(SOURCE MATERIAL Opens)

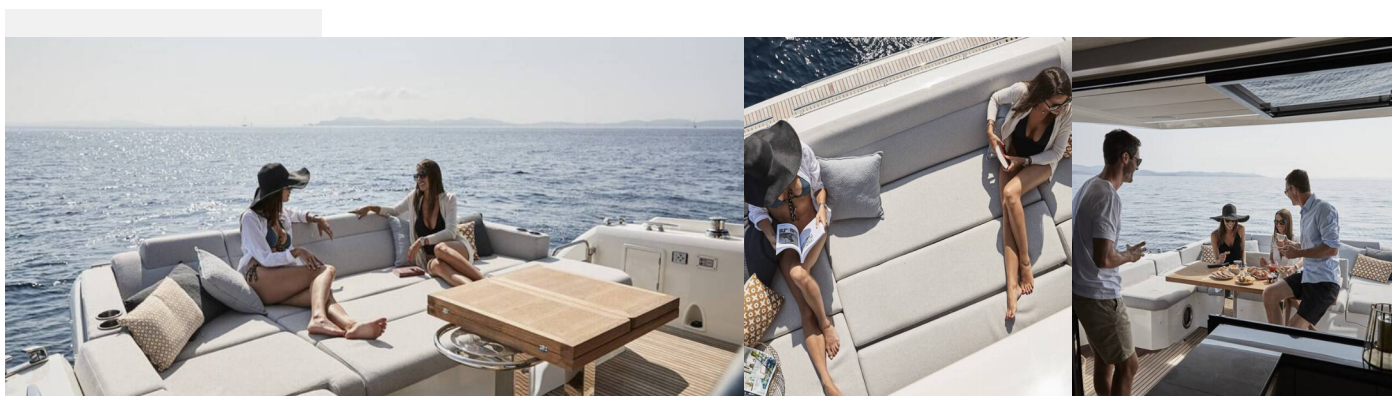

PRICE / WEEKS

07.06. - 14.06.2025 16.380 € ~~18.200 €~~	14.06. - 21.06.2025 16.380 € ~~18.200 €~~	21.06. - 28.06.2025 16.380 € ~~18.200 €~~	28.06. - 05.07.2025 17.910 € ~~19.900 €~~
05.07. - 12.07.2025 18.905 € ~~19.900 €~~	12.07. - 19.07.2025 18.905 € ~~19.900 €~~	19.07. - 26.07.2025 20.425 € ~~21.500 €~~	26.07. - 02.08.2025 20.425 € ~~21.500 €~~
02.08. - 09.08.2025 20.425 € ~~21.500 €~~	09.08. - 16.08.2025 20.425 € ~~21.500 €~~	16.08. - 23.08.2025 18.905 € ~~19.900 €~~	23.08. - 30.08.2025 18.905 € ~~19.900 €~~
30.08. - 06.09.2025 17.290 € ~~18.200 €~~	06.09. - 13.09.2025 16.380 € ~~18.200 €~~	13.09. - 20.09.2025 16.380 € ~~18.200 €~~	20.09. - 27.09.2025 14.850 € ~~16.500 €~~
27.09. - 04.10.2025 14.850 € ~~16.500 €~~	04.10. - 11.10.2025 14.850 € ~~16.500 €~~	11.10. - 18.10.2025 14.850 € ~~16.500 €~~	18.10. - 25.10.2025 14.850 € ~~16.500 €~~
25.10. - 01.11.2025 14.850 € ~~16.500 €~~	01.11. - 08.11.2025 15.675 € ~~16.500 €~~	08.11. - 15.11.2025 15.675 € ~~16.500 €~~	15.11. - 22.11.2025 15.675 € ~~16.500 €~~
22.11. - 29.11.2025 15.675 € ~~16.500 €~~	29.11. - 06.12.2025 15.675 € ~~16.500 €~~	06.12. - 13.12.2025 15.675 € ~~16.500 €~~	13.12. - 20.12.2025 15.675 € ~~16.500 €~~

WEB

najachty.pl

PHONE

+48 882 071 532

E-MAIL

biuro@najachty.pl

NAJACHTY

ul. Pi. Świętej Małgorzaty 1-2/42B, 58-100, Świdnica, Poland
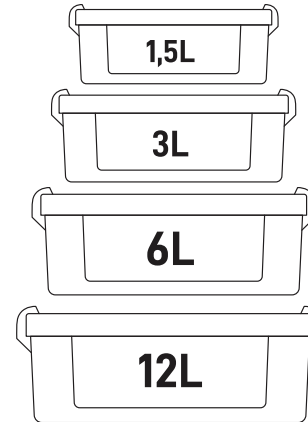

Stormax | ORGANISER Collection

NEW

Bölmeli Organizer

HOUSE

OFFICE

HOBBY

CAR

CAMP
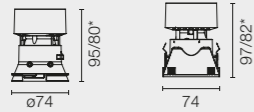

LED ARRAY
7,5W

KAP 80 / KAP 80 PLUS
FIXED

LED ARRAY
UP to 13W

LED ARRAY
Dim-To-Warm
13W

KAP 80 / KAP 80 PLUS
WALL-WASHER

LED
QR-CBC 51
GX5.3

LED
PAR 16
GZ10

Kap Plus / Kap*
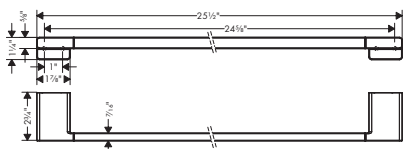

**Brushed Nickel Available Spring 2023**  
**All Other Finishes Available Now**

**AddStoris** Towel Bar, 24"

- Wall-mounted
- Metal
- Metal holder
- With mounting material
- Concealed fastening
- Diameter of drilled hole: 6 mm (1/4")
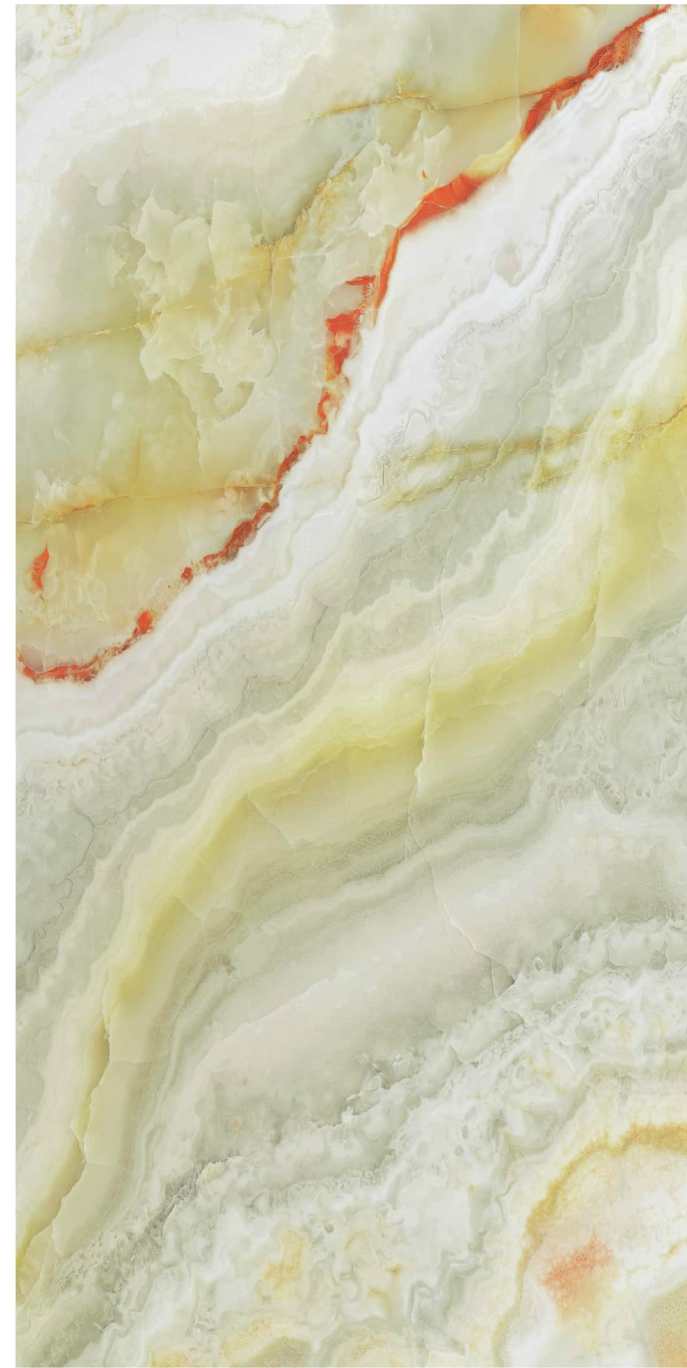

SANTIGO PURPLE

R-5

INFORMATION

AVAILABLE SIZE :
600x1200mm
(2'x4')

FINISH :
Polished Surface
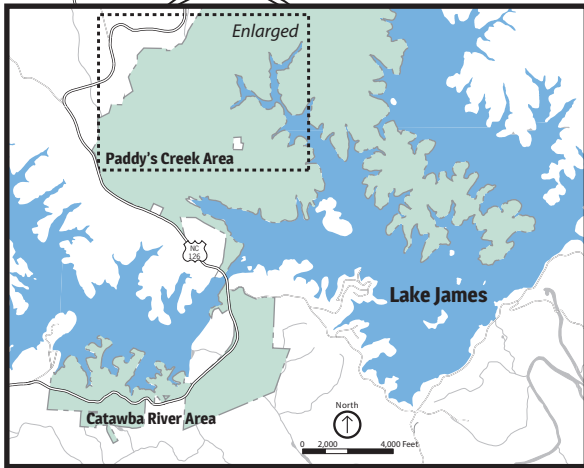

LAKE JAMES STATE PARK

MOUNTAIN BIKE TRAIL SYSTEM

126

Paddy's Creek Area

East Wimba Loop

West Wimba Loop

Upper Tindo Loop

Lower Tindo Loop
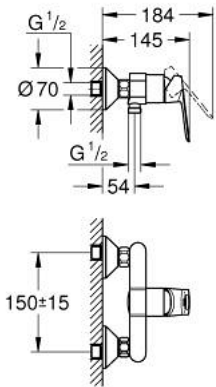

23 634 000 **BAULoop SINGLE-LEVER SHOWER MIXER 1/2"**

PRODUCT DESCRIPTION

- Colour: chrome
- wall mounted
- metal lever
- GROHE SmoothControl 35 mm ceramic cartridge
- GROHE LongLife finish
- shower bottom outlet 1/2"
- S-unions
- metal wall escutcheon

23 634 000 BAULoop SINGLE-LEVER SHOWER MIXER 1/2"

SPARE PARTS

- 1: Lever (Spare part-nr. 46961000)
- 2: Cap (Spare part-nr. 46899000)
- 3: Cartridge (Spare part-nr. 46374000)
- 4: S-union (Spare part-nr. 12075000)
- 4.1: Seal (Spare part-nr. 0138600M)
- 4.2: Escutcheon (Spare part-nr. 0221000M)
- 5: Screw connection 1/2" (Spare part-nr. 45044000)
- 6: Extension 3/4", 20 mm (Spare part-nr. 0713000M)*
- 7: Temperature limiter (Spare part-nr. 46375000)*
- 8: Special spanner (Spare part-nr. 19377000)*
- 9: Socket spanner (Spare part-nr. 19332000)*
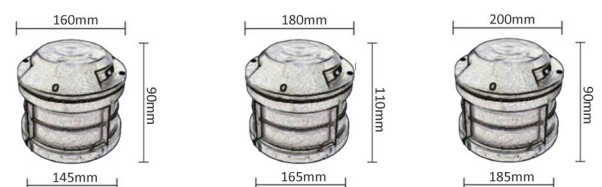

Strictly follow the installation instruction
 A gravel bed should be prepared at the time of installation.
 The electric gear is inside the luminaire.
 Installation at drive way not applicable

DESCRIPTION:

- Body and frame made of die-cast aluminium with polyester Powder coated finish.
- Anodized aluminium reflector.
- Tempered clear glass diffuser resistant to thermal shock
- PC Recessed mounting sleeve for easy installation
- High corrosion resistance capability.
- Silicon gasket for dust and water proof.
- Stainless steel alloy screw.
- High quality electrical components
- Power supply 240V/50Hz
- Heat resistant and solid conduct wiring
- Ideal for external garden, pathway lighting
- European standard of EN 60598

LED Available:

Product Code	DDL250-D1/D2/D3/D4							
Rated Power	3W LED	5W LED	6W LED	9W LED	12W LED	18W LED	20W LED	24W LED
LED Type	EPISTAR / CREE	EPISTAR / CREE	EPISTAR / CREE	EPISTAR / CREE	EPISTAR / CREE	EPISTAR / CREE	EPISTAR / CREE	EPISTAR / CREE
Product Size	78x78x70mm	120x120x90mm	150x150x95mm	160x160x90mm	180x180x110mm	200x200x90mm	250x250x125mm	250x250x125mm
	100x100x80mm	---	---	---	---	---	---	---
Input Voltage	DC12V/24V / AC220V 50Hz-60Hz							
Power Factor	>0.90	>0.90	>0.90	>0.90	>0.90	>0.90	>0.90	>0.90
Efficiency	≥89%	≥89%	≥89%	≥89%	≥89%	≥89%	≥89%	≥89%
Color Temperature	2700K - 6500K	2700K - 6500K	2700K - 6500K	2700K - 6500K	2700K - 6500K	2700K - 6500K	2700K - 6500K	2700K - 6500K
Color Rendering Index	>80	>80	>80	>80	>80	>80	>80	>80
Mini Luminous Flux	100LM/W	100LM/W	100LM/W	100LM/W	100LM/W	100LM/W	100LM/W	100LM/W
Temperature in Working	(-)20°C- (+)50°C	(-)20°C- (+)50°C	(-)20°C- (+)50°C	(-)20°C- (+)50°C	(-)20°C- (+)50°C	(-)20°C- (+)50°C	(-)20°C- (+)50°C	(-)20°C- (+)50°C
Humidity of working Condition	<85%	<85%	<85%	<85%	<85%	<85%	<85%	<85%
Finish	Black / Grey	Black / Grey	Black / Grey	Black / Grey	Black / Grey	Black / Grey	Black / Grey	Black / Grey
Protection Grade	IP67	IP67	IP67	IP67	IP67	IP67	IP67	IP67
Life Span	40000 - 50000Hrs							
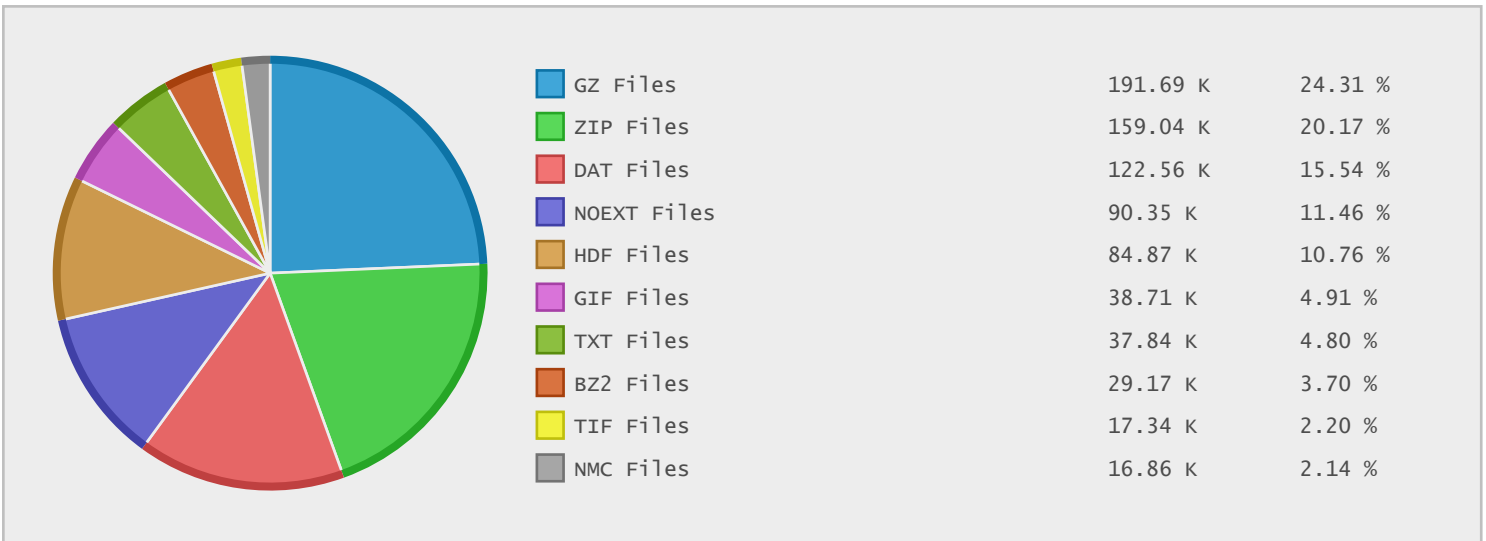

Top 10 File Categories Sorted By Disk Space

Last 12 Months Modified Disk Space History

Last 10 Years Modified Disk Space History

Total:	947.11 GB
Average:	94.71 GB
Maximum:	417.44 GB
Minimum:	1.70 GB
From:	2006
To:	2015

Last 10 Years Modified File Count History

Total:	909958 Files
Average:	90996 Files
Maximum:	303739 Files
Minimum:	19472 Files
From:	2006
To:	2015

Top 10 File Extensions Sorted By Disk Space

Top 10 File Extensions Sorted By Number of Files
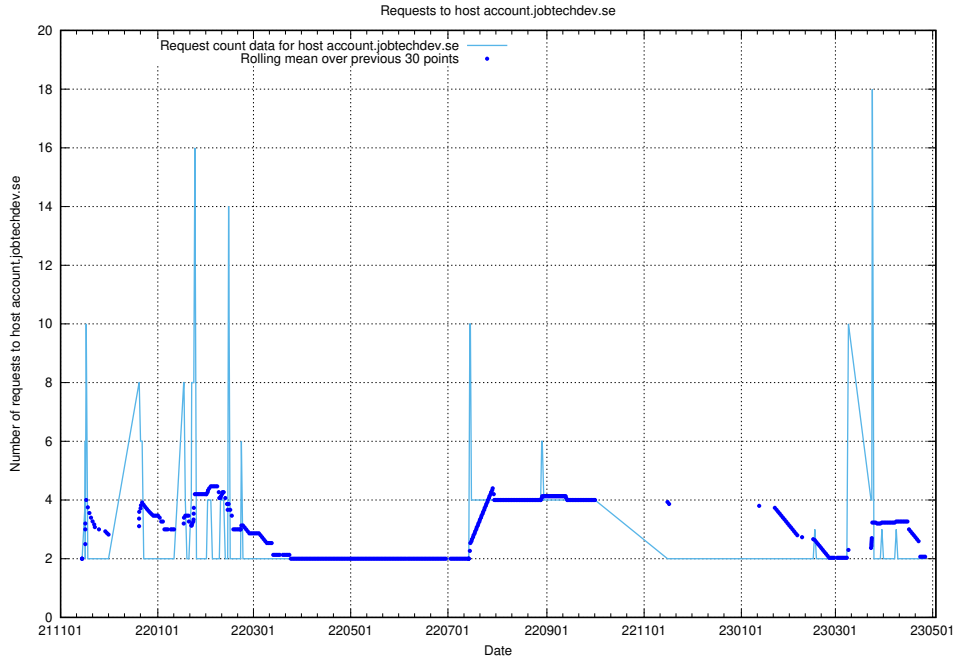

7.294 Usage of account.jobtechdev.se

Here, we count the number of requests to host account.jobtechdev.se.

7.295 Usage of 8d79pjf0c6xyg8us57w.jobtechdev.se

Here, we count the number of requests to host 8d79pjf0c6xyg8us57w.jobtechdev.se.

(SOURCE MATERIAL Closes)

ASSIGNMENT:
What is needed is an exact copy of only the lines above from the one with "MOUNTAIN BIKE TRAIL SYSTEM" to the one with "Installation at drive way not applicable", both kept, with every picture left out.

ANSWER TO THIS EXERCISE:
MOUNTAIN BIKE TRAIL SYSTEM

126

Paddy's Creek Area

East Wimba Loop

West Wimba Loop

Upper Tindo Loop

Lower Tindo Loop

23 634 000 **BAULoop SINGLE-LEVER SHOWER MIXER 1/2"**

PRODUCT DESCRIPTION

- Colour: chrome
- wall mounted
- metal lever
- GROHE SmoothControl 35 mm ceramic cartridge
- GROHE LongLife finish
- shower bottom outlet 1/2"
- S-unions
- metal wall escutcheon

23 634 000 BAULoop SINGLE-LEVER SHOWER MIXER 1/2"

SPARE PARTS

- 1: Lever (Spare part-nr. 46961000)
- 2: Cap (Spare part-nr. 46899000)
- 3: Cartridge (Spare part-nr. 46374000)
- 4: S-union (Spare part-nr. 12075000)
- 4.1: Seal (Spare part-nr. 0138600M)
- 4.2: Escutcheon (Spare part-nr. 0221000M)
- 5: Screw connection 1/2" (Spare part-nr. 45044000)
- 6: Extension 3/4", 20 mm (Spare part-nr. 0713000M)*
- 7: Temperature limiter (Spare part-nr. 46375000)*
- 8: Special spanner (Spare part-nr. 19377000)*
- 9: Socket spanner (Spare part-nr. 19332000)*

Strictly follow the installation instruction
 A gravel bed should be prepared at the time of installation.
 The electric gear is inside the luminaire.
 Installation at drive way not applicable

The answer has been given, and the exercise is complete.